TASK TO CARRY OUT: Where a line of the data below has the string "frame", copy that line.

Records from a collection

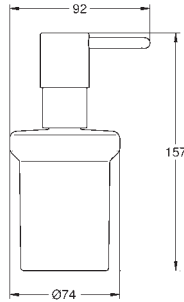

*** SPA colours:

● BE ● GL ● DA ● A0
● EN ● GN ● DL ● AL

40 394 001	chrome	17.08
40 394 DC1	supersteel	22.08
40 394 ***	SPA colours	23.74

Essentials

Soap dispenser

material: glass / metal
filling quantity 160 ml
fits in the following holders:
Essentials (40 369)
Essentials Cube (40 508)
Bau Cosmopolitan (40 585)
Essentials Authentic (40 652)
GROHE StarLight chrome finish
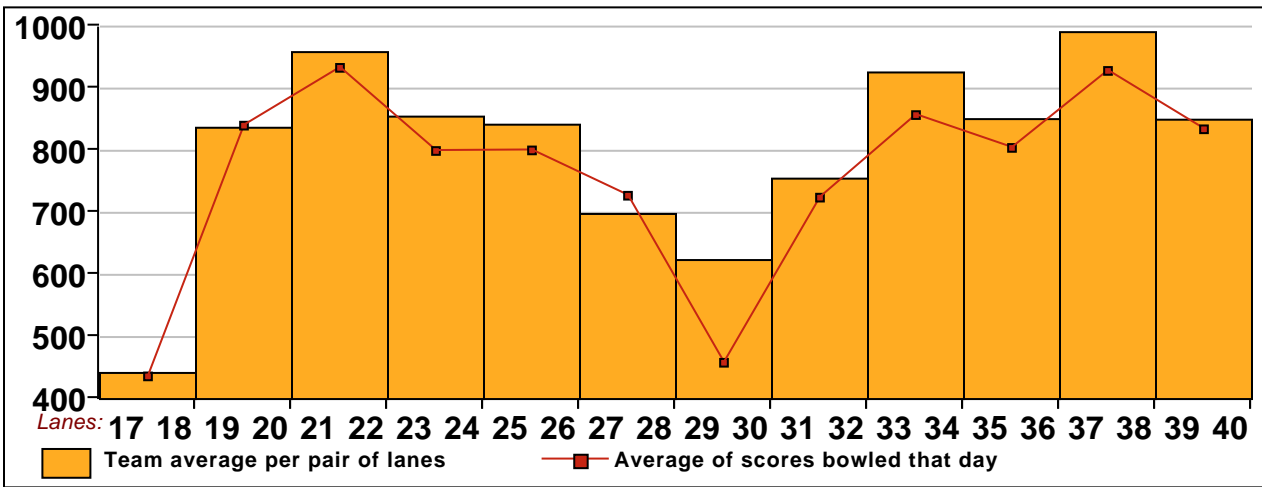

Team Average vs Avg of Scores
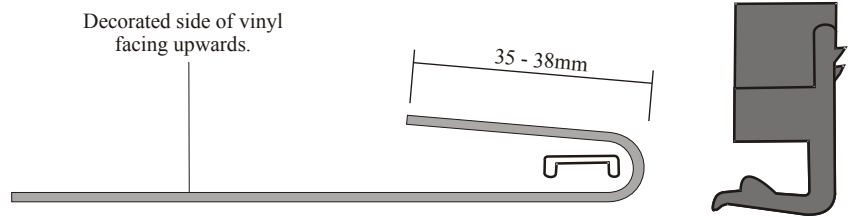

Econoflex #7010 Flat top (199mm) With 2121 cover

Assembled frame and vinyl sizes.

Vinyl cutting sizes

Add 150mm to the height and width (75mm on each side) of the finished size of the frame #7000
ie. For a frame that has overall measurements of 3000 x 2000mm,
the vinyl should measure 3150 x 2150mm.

WORKED SOLUTION:
Assembled frame and vinyl sizes.
Add 150mm to the height and width (75mm on each side) of the finished size of the frame #7000
ie. For a frame that has overall measurements of 3000 x 2000mm,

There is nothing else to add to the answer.